How to get here – the real Medellin

The best fabric and general shopping in  Medellin isn’t in the fancy malls of El Poblado and Enviagado.  It’s in the busy, teeming streets of El Centro.  El Centro is also where many of the most famous tourist attractions are, so if you are interested in seeing some of the famous architecture, the Botero collection (at the Museo de Antioquia) – you can do that too.  El Poblado and Enviagado are the rich, sanitized versions of Medellin – so if you have friends that aren’t interested in shopping but would like to see more of Medellin – this is a trip to take them on…

1.  Taxi – if you want to take a taxi, ask him to take you to the Plaza Botero.  It’s a few streets away from your destination, but it’s a nice central space – especially good if you are meeting friends or other visitors.
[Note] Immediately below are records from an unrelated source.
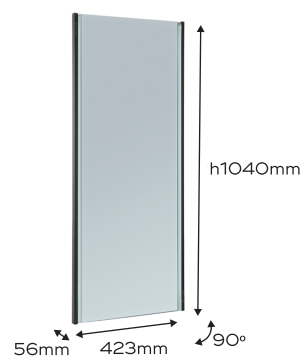

PRODUCTO

ESPEJO EXTRAÍBLE CON ROTACIÓN

► DESCRIPCIÓN

Espejo extraíble con rotación de 90 grados. Accesorio perfecto para el armario.

► CARACTERÍSTICAS

Altura: 1.039 mm.

Ancho: 423 mm.

Fondo: 56 mm.

► ACABADOS

Blanco y moca.

IMÁGENES

OTROS DATOS

REF. INT-AO11

ACABADO: Blanco

ACABADO: Moca

CÓDIGO	ANCHO	CÓDIGO	ANCHO
21800	423mm	21801	423mm
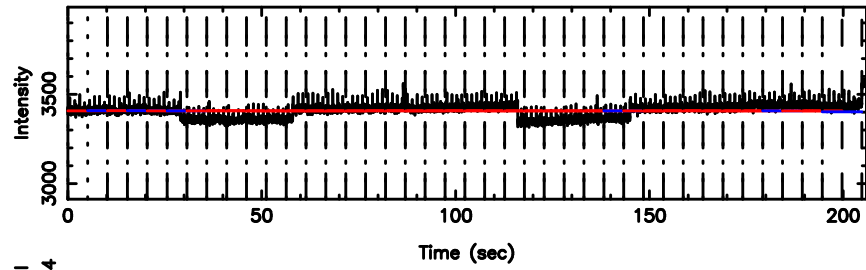

BLK:13,SNR1: 76.947 ,SNR2: 76.197

3C236 2024/08/04 4.08UT TOYOKAWA-KISO

F20240804130320

BLK: 6,SNR1: 0.21949 ,SNR2: 3.9879

3C236 2024/08/04 4.08UT FUJI -KISO

K20240804130317

BLK: 6,SNR1: 84.845 ,SNR2: 82.019
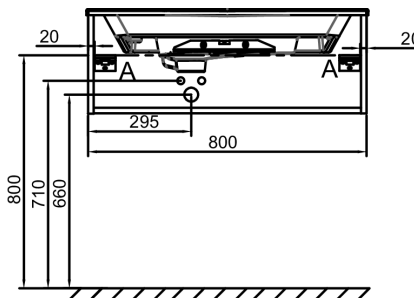

Технические характеристики

- РАЗМЕРЫ (СМ): 80 x 50.80 x 28.30
- МАТЕРИАЛ: Лак или меламин
- ВЕС: 18.4 кг
- УСТАНОВКА: Подвесная

Продукты для комплектации

- EXAW112-Z: Раковина-столешница 80 см (для мебель)

Общая информация

Спецификация продукта: Мебель под раковину-столешницу 80 см, 1 ящик, ручка Медная. EB2515-R7. Коллекция : ODEON RIVE GAUCHE. РАЗМЕРЫ (СМ): 80 x 50.80 x 28.30 см. ВЕС: 18.4 кг. МАТЕРИАЛ: Лак или меламин. УСТАНОВКА: Подвесная.
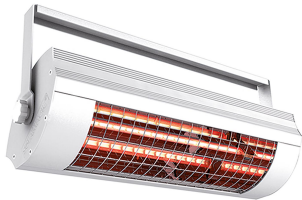

## PRODUCT DATABLAD

Type: SM-HP-2000-W  
Art. Nr.: 9100878

4026911111372

**Korte omschrijving**

Infrarood terrasstraler, 2000W, wit

**Product omschrijving**

De SOLAMAGIC ECO+ HP infraroodstralers worden gekenmerkt door de hoogste prestaties, de eenvoudigste installatie en een efficiënte reflector (ECO+). De behuizing is gemaakt van hoogwaardig aluminium. Het toestel is uitgerust met een ultralage Solastar-HP buis die, naast een hoog rendement, een zeer lange levensduur heeft (min. 5000 bedrijfsuren). Vooral in de buitenruimte maken kortegolfstralers een zeer flexibele toepassing en een constante aangename warmtezone mogelijk. Door de golflengte dringt de warmte bijzonder efficiënt door in de lucht en garandeert een hoge besparing op de bedrijfskosten in vergelijking met gas- en kwartsradiatoren. Kleuren: wit, titaan, nano-antraciet, speciale kleuren op aanvraag, praktische montage toebehoren, hoog rendement, geen opwarmfase, dimbaar via externe regeling, vermogen: 1400 of 2000 W, afmetingen: 483x144x152 of 483x176x230 mm, aansluitkabel 1,8 m, beschermingsklasse: IP 24, CE-conform.

**ETIM Kenmerken**

<b>Uitvoering</b>	Plafond-/wandstraler	<b>Spanning</b>	230 230 Volt
<b>Montagewijze</b>	Opbouw	<b>Aantal verwarmingsstanden</b>	1
<b>Vermogensstand UIT</b>	✘	<b>Min. verwarmingsvermogen</b>	2000 Watt
<b>Montage boven commode</b>	✘	<b>Max. verwarmingsvermogen</b>	2000 Watt
<b>Beschermingsgraad (IP)</b>	IP24	<b>Min. montagehoogte</b>	2 Meter
<b>Kleur</b>	Wit	<b>Max. montagehoogte</b>	2,5 Meter
<b>Compatible met Apple HomeKit</b>	✘	<b>Hoogte</b>	230 Millimeter
<b>Compatible met Google Assistant</b>	✘	<b>Breedte</b>	483 Millimeter
<b>Compatible met Amazon Alexa</b>	✘	<b>Diepte</b>	176 Millimeter
<b>Met IFTTT ondersteuning</b>	✘	<b>RAL-nummer</b>	9010
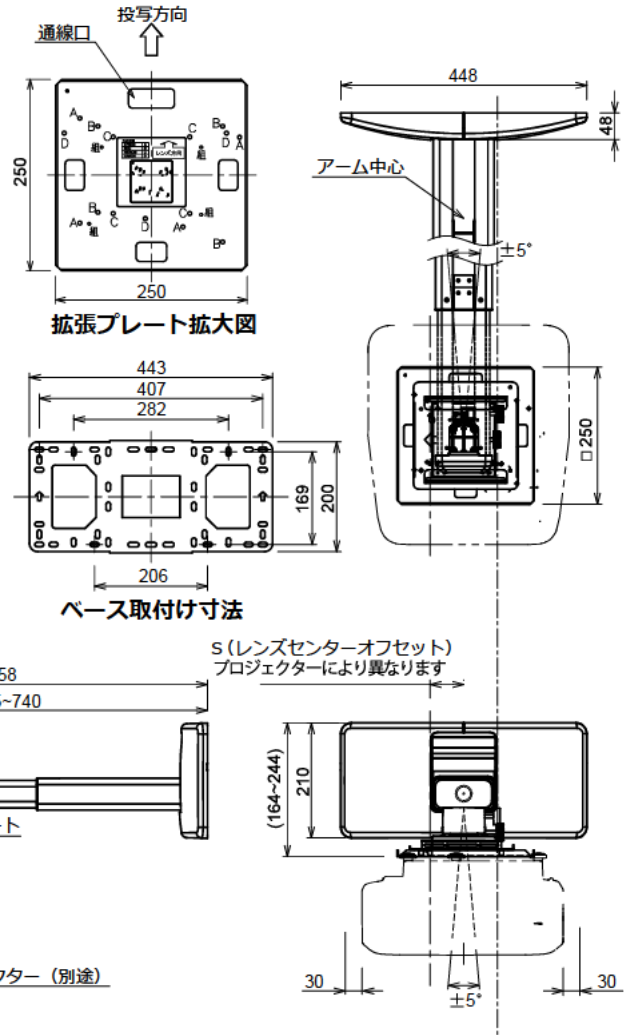

※特注対応（別途費用）が必要です。

大径調整ノブでプロジェクターの位置調整も簡単！

微妙な調整が必要となる超短焦点プロジェクターの位置や角度の調整が、3つの大径調整ノブで簡単に微調整することができます。

① Vertical tilt

プロジェクターの上下チルトの
調整が±5°の範囲で可能です。

② Horizontal roll

プロジェクターの左右チルトの
調整が±5°の範囲で可能です。

③ Horizontal rotation

プロジェクターの水平回転の角度
調整が±5°の範囲で可能です。

■ 設置に伴う便利で安全機能を装備

ケーブルを隠すケーブルインレイ型アーム

ハンガー本体にプロジェクターの電源ケーブルや映像ケーブルを通すことができるケーブルインレイ型のアームです。

投写距離の目安になるスケール付き

アームの側面にはインチとミリのスケール付きで、壁とマウントプレートの距離が確認できます。

脱落防止ワイヤー付属

ハンガー本体とプロジェクターをワイヤーで固定し、万が一のプロジェクター脱落の際の安全性を確保しています。

■ 外形寸法図

■ OWM3000-S2 仕様

商品名	超短焦点プロジェクター用壁付ハンガー
型式	OWM3000-S2
JANコード	4942465022745
対応プロジェクター	<p>[Optoma] ZU500UST、ZH400UST、HD36UST、EH320UST、W340UST、W320UST (Optomaプロジェクターを取り付ける場合は拡張プレートは使用しません)</p> <p>[EPSON] EB-800F、EB-805F、EB-1485FT、EB-750F、EB-755F、EB-725W、EB-725Wi、EB-735Fi、EB-710UT、EB-1470UT、EB-1460UT、EB-1440UT、EB-700U、EB-695WT、EB-685WT</p> <p>[NEC] NP-UM352WJL、NP-UM361XJL</p> <p>[Maxell] MP-TW4011J※、MP-AW4001J※、MC-TW3506J、MC-AW3005J</p> <p>[HITACHI] CP-TW3506J、CP-TW3005J、CP-AX3505J、CP-AW3005J</p> <p>[CANON] LV-WX300UST、LV-WX300USTi</p> <p>[RICOH] WX4153※、WX4153N※</p> <p>[CASIO] XJ-UT352W※、XJ-UT352WN※</p> <p>※特注対応 (別途費用) が必要です。</p>
塗装色	ホワイト
角度調整	水平回転±5°、上下チルト±5°、左右チルト±5°
高さ調整	80mm
主材質	スチール、樹脂
最大搭載質量(kg)	13.5
外形寸法(mm)W×D×H	448×443~858×164~244
付属品	アンカーボルト(6×55)×5、アンカープラグ×5、プロジェクタ取付ねじ(M4×10)×4(オプタマ専用)、製品組立用ねじ(M6×15)×4、六角レンチ(5mm、3mm)×各1、拡張プレート×1、拡張プレート取付ねじセット (樹脂スペーサー10mm×4、ねじ(M4×20)×4、皿ばねナット(M4)×4)、プロジェクタ取付ねじセット (樹脂スペーサー10mm×4、15mm×4、ねじ(M4×12)×4、ねじ(M4×20)×4、ねじ(M4×35)×4、ねじ(M5×25)×4)、脱落防止ワイヤー×1、ワイヤークリップ×4、組立設置説明書×1、設置用型紙×1
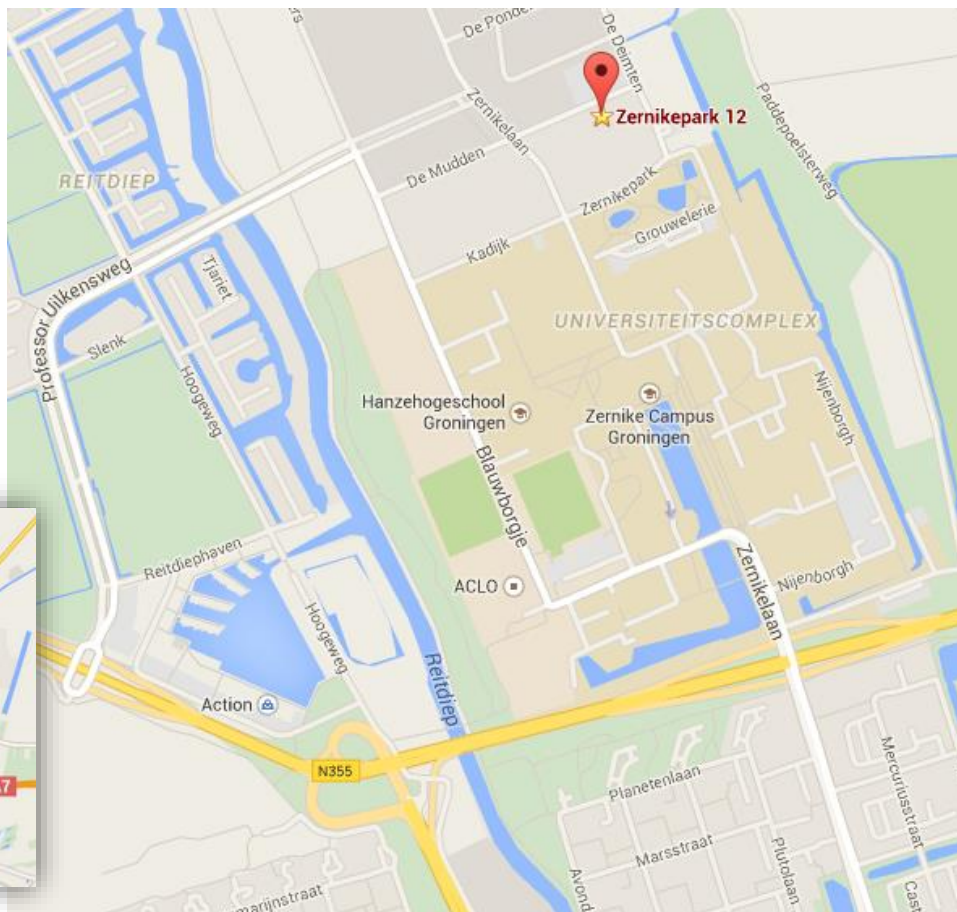

www.ltp.nl

Zernikepark 12

9747 AN Groningen

+31 (0) 50 31 45 038

Groningen@ltp.nl

Met de auto

Vanuit Drachten (A7):

Volg de A7 naar de N370. Neem afrit 36 richting Winsum. Volg de N370 in de richting van Aduard/Zuidhorn en neem de afslag Reitdiep Zernike/Dorkwerd. Vervolg in de richting van Reitdiep via de Professor Uilkensweg. Sla rechtsaf in de richting van Blauwborgje (zoals aangegeven op de borden) en sla direct linksaf, zodat u De Mudden inrijdt. Volg de weg, na ong. 400 meter vindt u LTP aan uw rechterhand (HNK-gebouw).

Vanuit Hoogezand (A7):

Volg de A7 naar de N46. Ga vanaf hier de N370 op. Vanaf de N370 neemt u de afrit in de richting van de Zernike Campus, waarna u rechtsaf slaat in de richting van het Zernikecomplex. Volg deze weg, die overgaat in Blauwborgje, ongeveer 1,8 km. Sla vervolgens rechtsaf De Mudden in. Na ong. 400 meter vindt u LTP aan uw rechterhand (HNK-gebouw).

Vanuit Assen (A28):

Sla vanaf de A28 linksaf naar de N7 (borden naar Ring-West/Zuidhorn/N370). Neem vervolgens afslag 36-Groningen West en voeg in op de Laan 1940-1945/N370. Volg de N370 in de richting van Aduard/Zuidhorn en neem de afslag richting Reitdiep Zernike/Dorkwerd. Vervolg in de richting van Reitdiep via de Professor

Uilkensweg. Sla vervolgens rechtsaf in de richting van Blauwborgje (zoals aangegeven op de borden) en sla erna direct linksaf, zodat u De Mudden inrijdt. Wanneer u de weg volgt, vindt u na ong. 400 meter LTP aan uw rechterhand (HNK-gebouw).
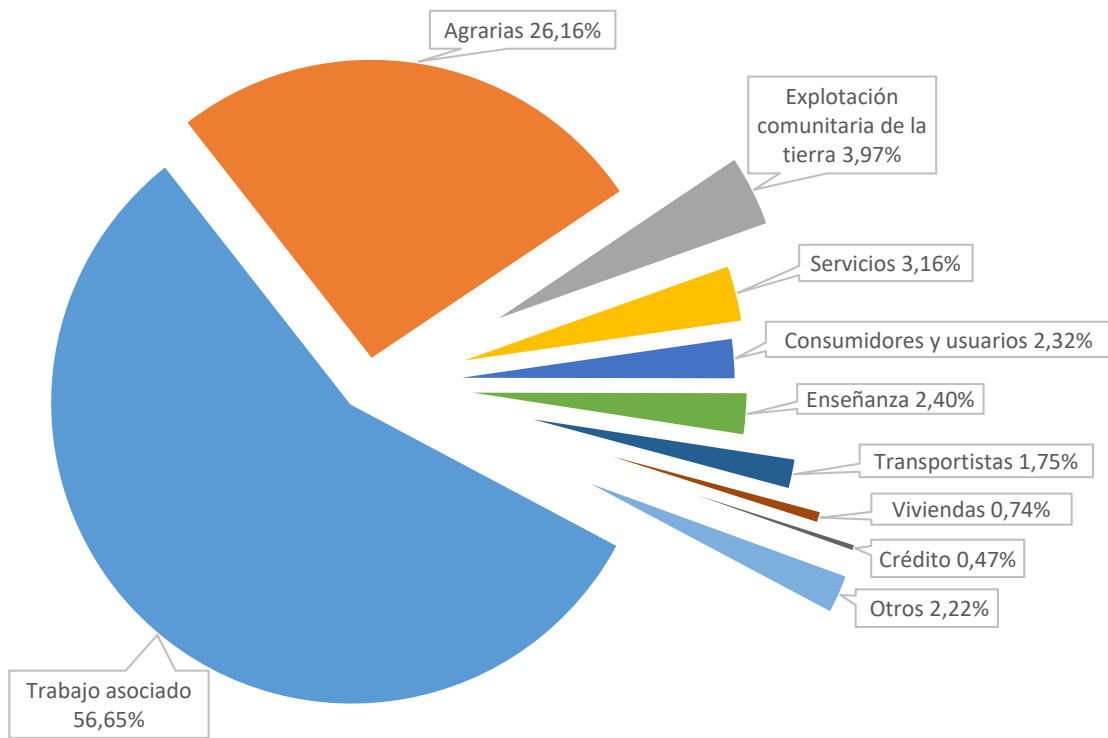

Gráfico 4.1.
Cooperativas inscritas en R.G. de la Seguridad Social, por clase de cooperativa, España

2.  Metro Train –  the metro train is cheap, clean and quite reliable.  It’s also a good way to see a bit of the city.  Take the (blue line) train to either Parque Berrio station or the San Antonio station.  San Antonio is closer to shopping, but Parque Berrio puts you right at the Plaza.  (For more information about the Metro, see this helpful article at Medellin Living).

Get a map –  Now, I know this is a digital age, but sometimes a paper map is just easier.. Safer too because it makes you less of a target for thieves who prey on upscale tourists for all of our fancy electronic devices.

tourist kiosk with maps

tourist kiosk with maps

There are several of these kiosks located in/ around Plaza Botero and around the Parque Berrio station.  Just ask for a map “Mapa, por favor” and they will be happy to provide you with a free map of Medellin.  I used this same map for reference for the shopping areas, to make it easy for visitors to recognize where to go.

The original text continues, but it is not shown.